Modern kids and their modern engagements

Yesterday’s For Better or For Worse annoyed me. Not because it’s really offensive or something like that; it’s just sort of vapidly stupid.

© Lynn Johnston, April 15 2008 http://www.gocomics.com/forbetterorforworse/2008/04/15/

Elizabeth and Anthony haven’t declared a date yet? What modern fiddle-faddle! These young people with their indefinite declarations of commitment — bah!

Uh, how old are you, neighbor lady? Thirty-ish years ago when you got married, there were plenty of engaged people who didn’t finalize their wedding plans the instant a ring went on their finger. Back a hundred years ago, “engaged” was not synonymous with “our invitation is in the mail, please save the date”. There has always been a great deal of leeway given to an engaged couple, because people’s circumstances (both financial and emotional) vary widely and it’s not always feasible to declare definite milestones. It’s not like they’re going to forget to get married, especially with you asking every day, “So when’s the big day?”

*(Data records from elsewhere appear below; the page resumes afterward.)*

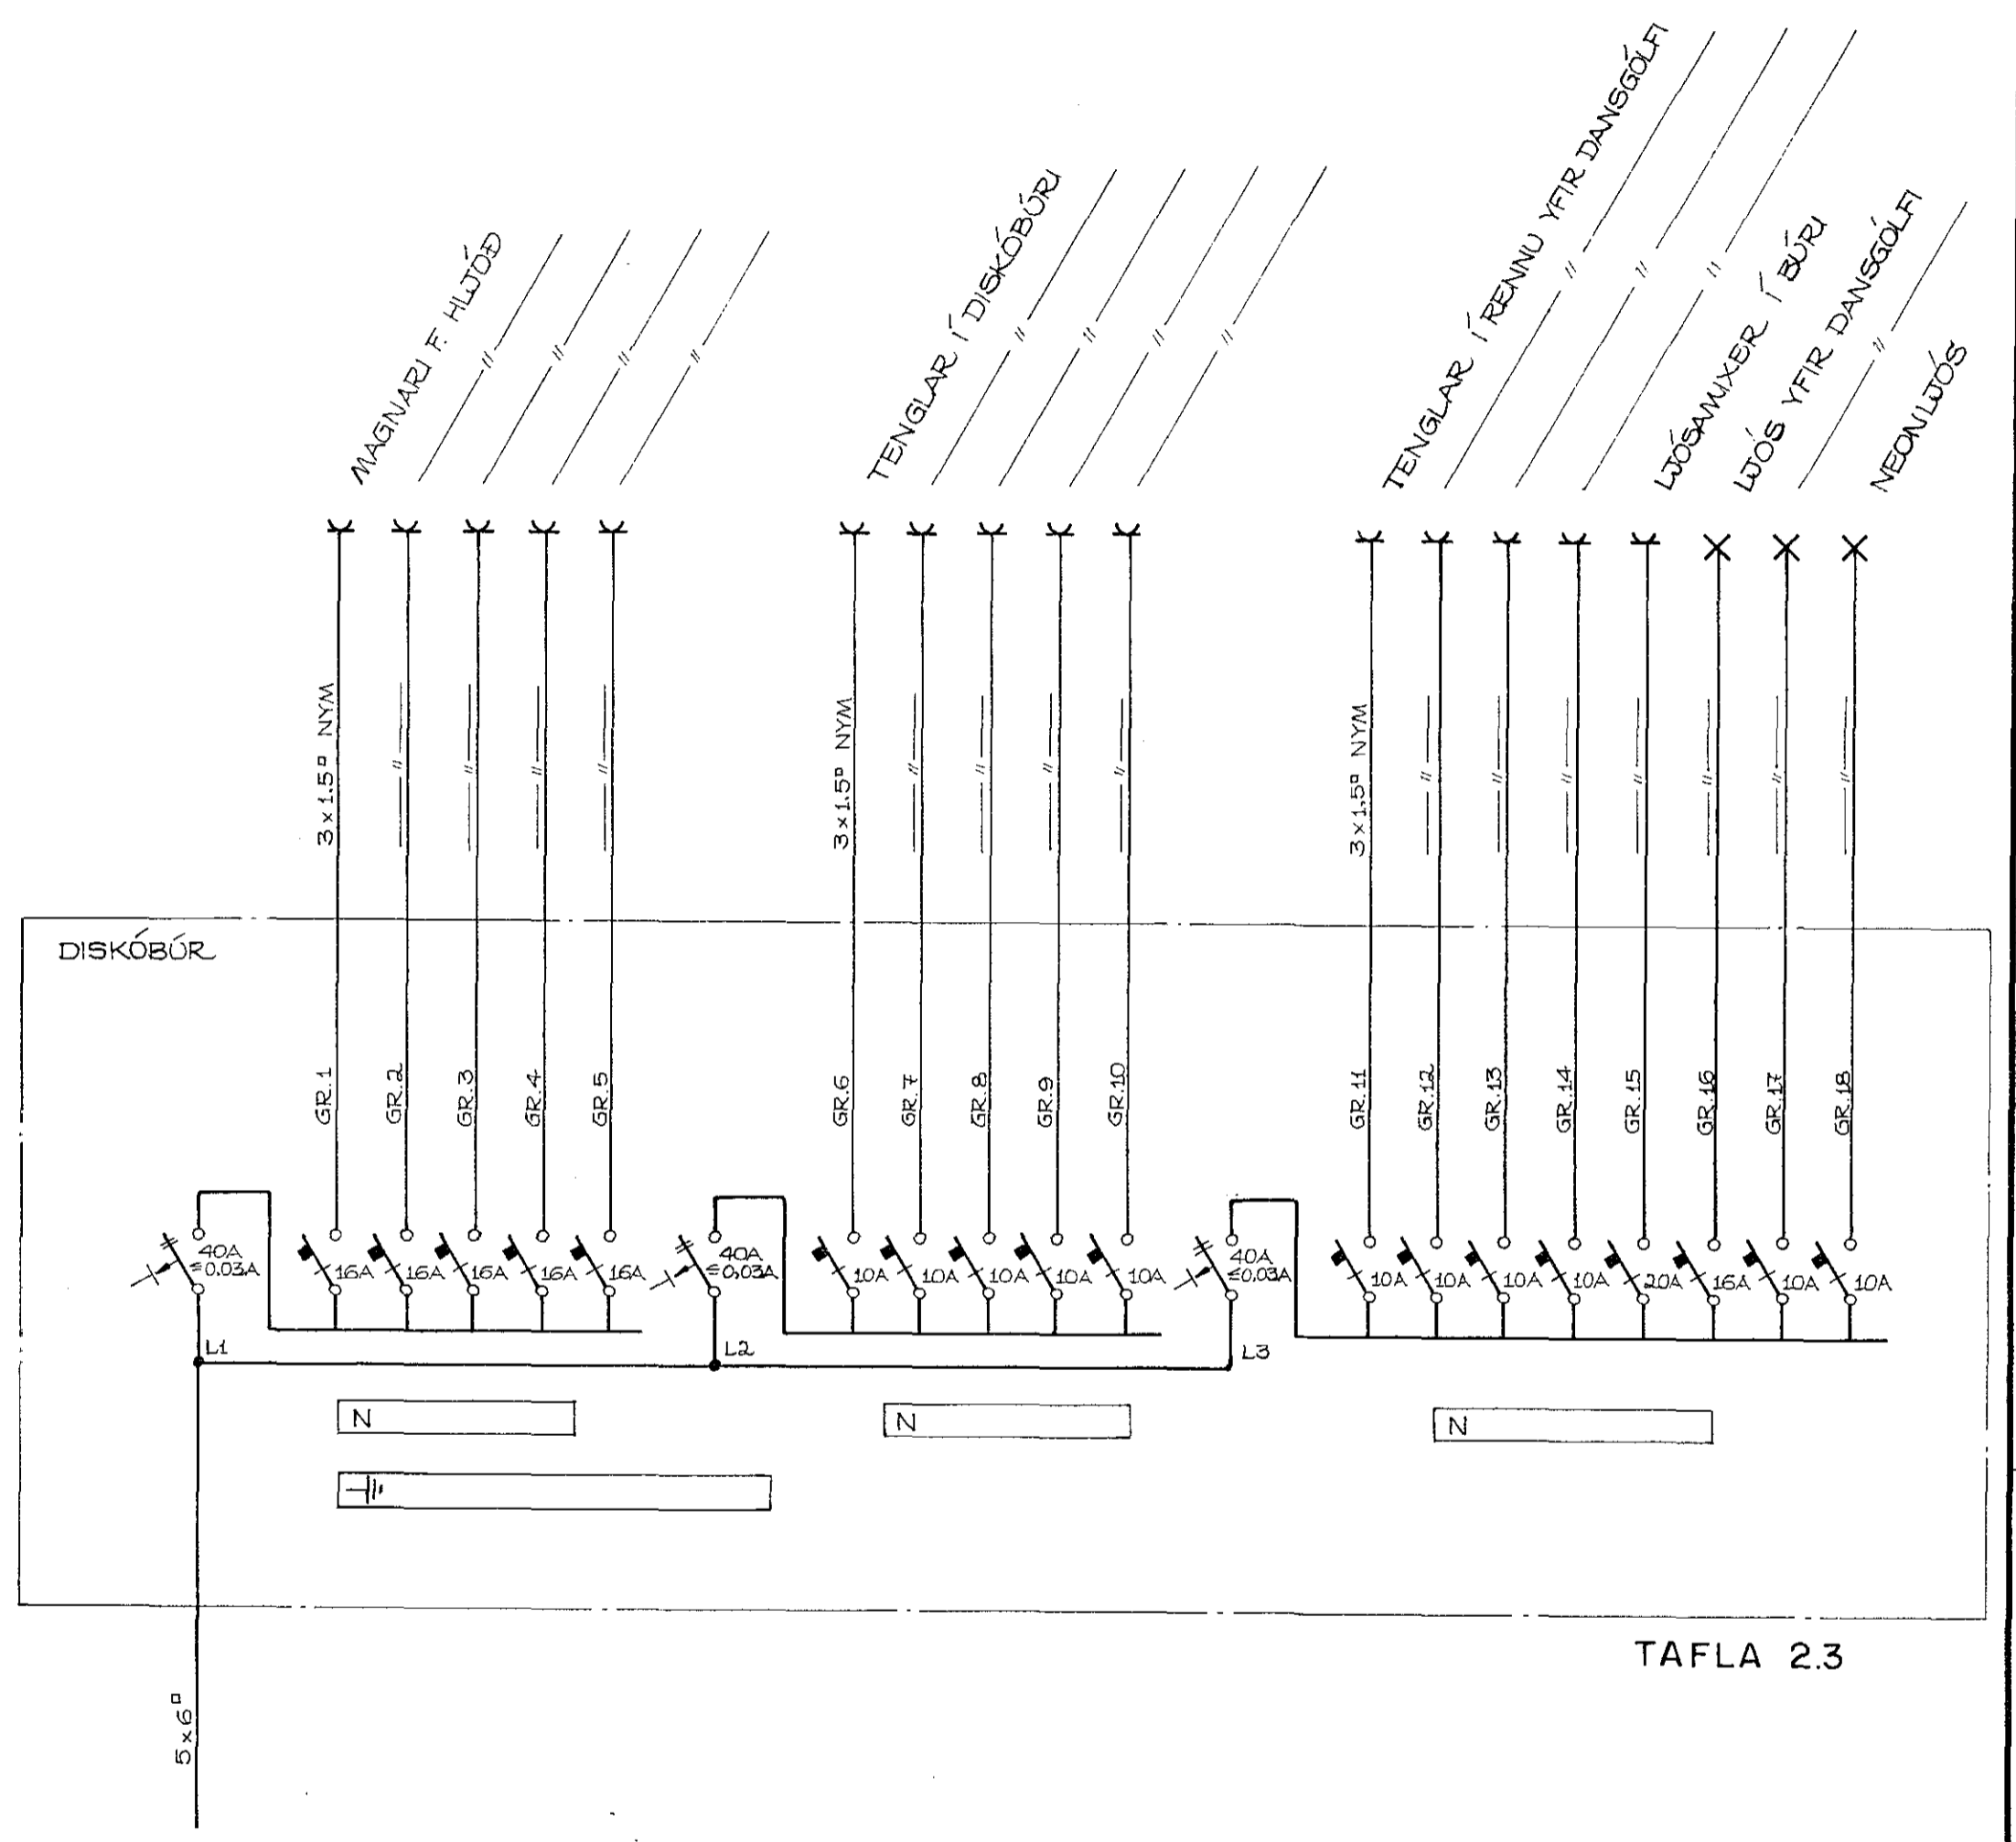

A B C D E F

TAFLA 2.2

TAFLA 2.3

1	2	3	4	5	6	7	8
A	88.02.05	VINNUTEIKNING	S.Æ.	T.S.	<i>veitna Sveinbjörn</i>		
ÚTG.	DAGS.		TEIKN.	HANNAD	SAMPYKKT		

STRANDGATA I · HAFNARFIRÐI
EINLÍNUMYND AF TÖFLU 2.2, 2.3

TERA RAFMAGNSVERKFRÆDISTOFA
TRAUÐI SVEINBJÖRNSSON RAFM. IDNFR. SIMI: 687390
 EDMUND BELLERSEN RAFM. TEKNFR. SIMI: 687388
 RAGNAR D. STEFÁNSSON RAFM. VERKFR. SIMI: 687835
 AGÚST ÞÓRHALLSSON RAFM. VERKFR. SIMI: 687805

MKV.	7
TEIKN NR.	10
NÆSTA TEIKN NR.	11
VERKNR.	
BL. 10 AF 13	ÚTG.
GEYMSLUNR. 3-41	A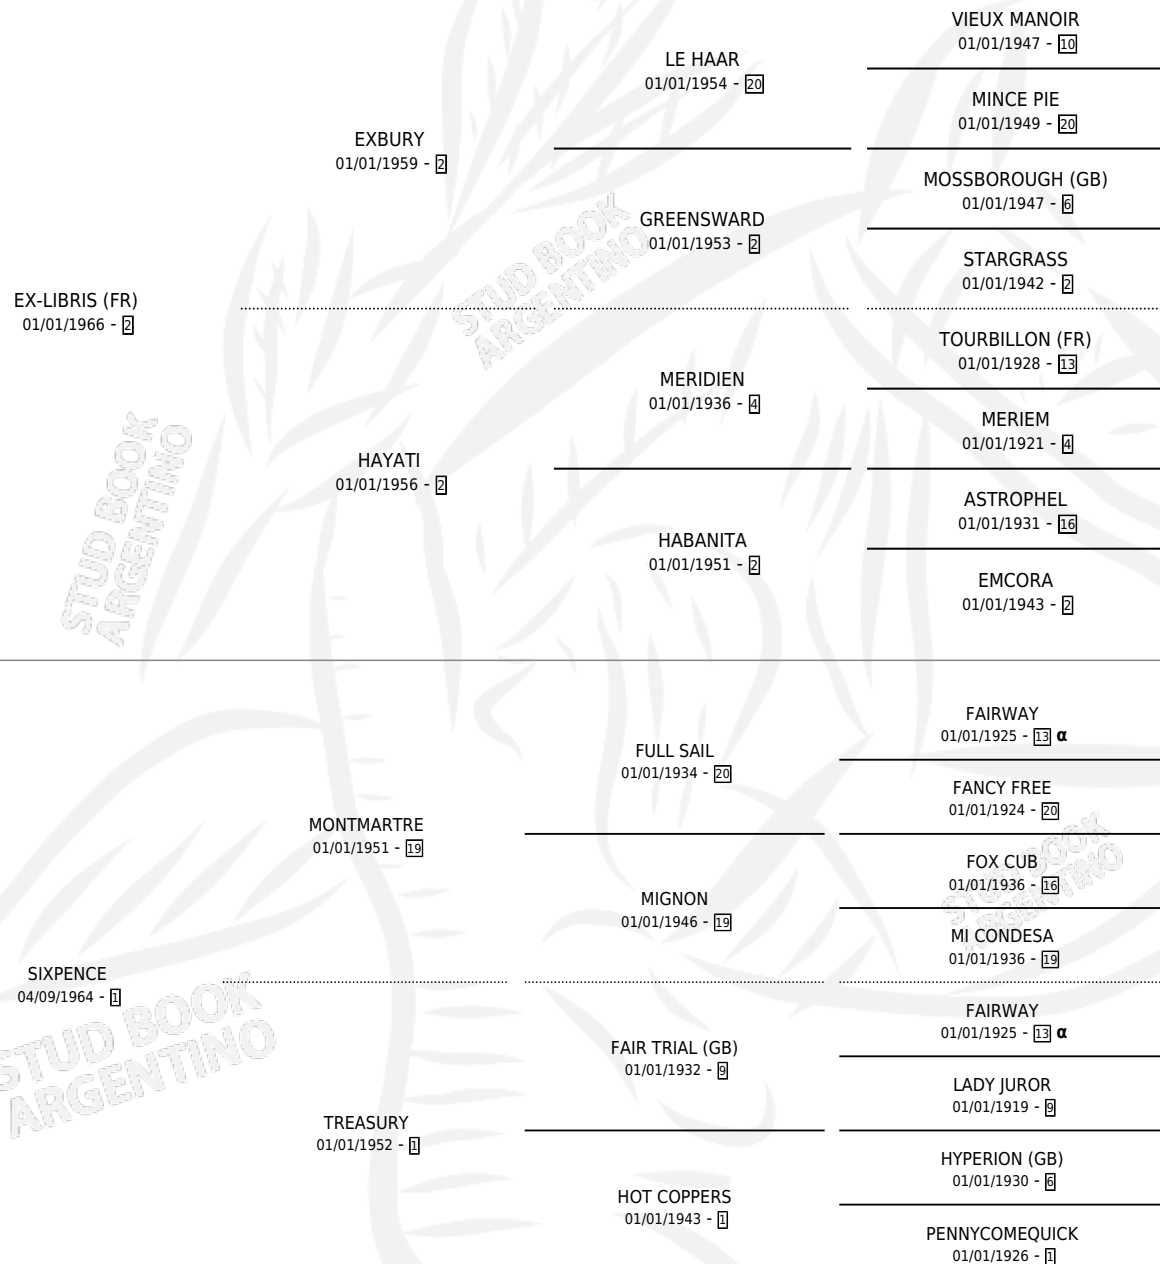

GOLDEN COIN

PEDIGREE

por EX-LIBRIS (FR) y SIXPENCE por MONTMARTRE

Argentina · Macho · Alazan · SP · 04/09/1975
Familia 1-p · Volumen 29

ESTADO

TIPIFICACIÓN SANGUÍNEA	✓
TIPIFICACIÓN POR ADN	X
PASAPORTE	X
IDENTIFICACIÓN POR MICROCHIP	X
REPRODUCTOR	✓

Lugar de nacimiento: Campo particular

Criador: Sin dato

~

HIJOS

	MACHOS	HEMBRAS
85 NACIERON	38	47
29 CORRIERON	19	10
18 GANARON	12	6

1 GANADORES CL   **0** GANADORES GR   **0** GANADORES G1

INBREEDING : α

Maybe in 8,000,000 B.C.E., Caveboy and Cavegirl went to their respective caveparents, announced their engagement, showed off the engagement rock (literally, of course, a rock), and informed them the date was already set. I mean, according to Clan of the Cave Bear, everyone just shacked up and had lots of sex whenever they felt like it, but since Clan of the Cave Bear is a terrible book, I’m pretty sure that our hypothetical cavecouple would have done The Right Thing and scheduled their caveceremony promptly.